UCC failing to explicitly state choice of law, then law of territory of State applies provided appropriate transaction -UCC

EEC Convention Rome Convention (page 1030) Germany has enacted this as internal law.

No agreement - Art. 4 law of country that most closely connected.

Presumption Art. 4, Number 2 payment not characteristic for performance.

Need to determine what is characteristic performance Where party that does that performance has their principle office, not where performance is done.

If Shipment is in UN then that law applies. German ct would avoid this.

Foreign law must be pleaded and proven as a matter of fact, not as a matter of law.

Contract Acceptance Under German law

Last Shot Doctrine -- K formation, more favorable to silence response to original offer is considered a counter offer, which terminates original offer

Goods are shipped and accepted by buyer do we have K?

Under this system Euro could reject the goods, but if they accept and pay for goods you have a K.

Terms of K are the last ones standing, irrevocable unless stated otherwise.

Restatement of Foreign Law RS which is the fall back if UCC doesnt apply me. NY UCC doesnt say what to apply in absence of NY UCC and in that case choice of law rules come out of RS 2nd (page 80)

6 (1) if you have a statute follow it, but not case here

188 (1) tells us to use local law of state KS and Germany, which has most significant relationship to transaction and parties:

transactional relationship

Germany thats were goods are used and fall.

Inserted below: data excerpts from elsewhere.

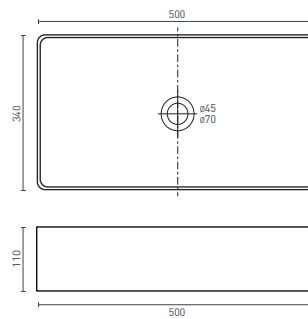

R&T WALL HUNG INWALL CISTERN (p. 6)
527 x 92 x 1185 mm - P-Trap setout 180mm

GEBERIT WALL HUNG INWALL CISTERN (p. 6)
500 x 80 x 1140 mm - P-Trap setout 180mm

R&T FLUSH PLATES + BUTTONS

ROUND BUTTONS (p. 6) 240 x 15 x 160 mm
SQWARE BUTTONS (p. 6) 240 x 14 x 160 mm
SQUARE SS BUTTONS (p. 6) 240 x 10 x 160 mm

GEBERIT FLUSH PLATES + BUTTONS

ROUND BUTTONS (p. 6) 246 x 12 x 164 mm
SQUARE BUTTONS (p. 6) 246 x 12 x 164 mm

TECHNICAL DRAWINGS

COUNTER TOP BASINS

ARIA - Square (p. 10)
400 x 420 x 155 (4.5L) **ARBCT4W**

ARIA - Rectangle (p. 10)
460 x 420 x 155 (5.2L) **ARBCT4W**

CARINA - Square (p. 10)
405 x 405 x 110 (9.5L) **CABCTW/B**

CAVAL - Round (p. 10)
410 x 410 x 125 (10L) **CABCTR**

CAVAL - Round (p. 10)
440 x 440 x 130 (6L) **CABCTTH**

FLORENCIA - Round (p. 10)
360 x 360 x 120 (7L)

SAN DIEGO - Rectangle (p. 10)
500 x 340 x 110 (10.3L) **SDBCTW**

SEMI - INSET BASINS

ARIA - Square (p. 12)
400 x 400 x 155 (4.5L) **ARBSIW**

CARINA - Square (p. 12)
420 x 420 x 140 (7.8L) **CABSIW**

Euro made in KS, shipped from there, price set.

188 (2) consider factors:

place of contracting

Germany when goods were accepted, upon receipt

KS law upon dispatch adams v. lindsell.

Not so helpful here depends on which law apply.

Place of negotiation of K law of cyberspace satellite?

Place of performance whats performance

KS once goods are shipped (UCC)

German law once goods received on buyers end

Ruster Article bottom page 86 (dont practice German law, unless know it).

Filanto- US dist judge said not going to apply battle of forms, uses instead the prior conduct of the parties to decide case. That a lapse in time w/o an answer followed by performance constituted a written agreement, so liable.

Art. 18 and 19 mirror image and last shot doctrine courts have generally said nice, but we will do what we want to, thanks.

Alstine article (95) CISG fails adequately to accommodate a variety of more flexible and informal relationships in modern commerce that the law would nonetheless recognize as contractual in nature.

KS Client comes to you; sent off delegation to International Trade Fair and he knows orders are going to come in he is afraid that something might happen to product once delivered overseas how does he deal with problem and prevent it before arising. Keep him out of court

White and Summers Part A no way to win the battle of the forms.

What you need to do is negotiate communicate:

Tell clients dont know how goods will operate in German market?

Best advice might be before accepting offers - complete due diligence. Duty of investigation.

4.2 Commercial Terms, Bills of Lading, and Insurance books to Bath, UK.

Need to specify K type FOB, CIF and whether UCC, INCO, Other law

Need to specify payment type against goods or documents types of BL.

New client Sam and book Ks can he put two shipments together and ship them off. INCOTERMS

One K is an F.O.B. UCC, INCOTERMS, UK law (3 types Schmitthoff)

FOB:

INCOTERMS International Chamber of Commerce.

Must be expressly incorporated in K. note: they do not address choice of law, jurisdiction, fraud, or when k formed International customary law.

If cant show INCO applicable UCC gap filler

Note most in Art. 2 of UCC are gap fillers and they apply unless the parties agree otherwise then apply.

Seller :

(1) Has to deliver good on board the vessel designated in possession of carrier.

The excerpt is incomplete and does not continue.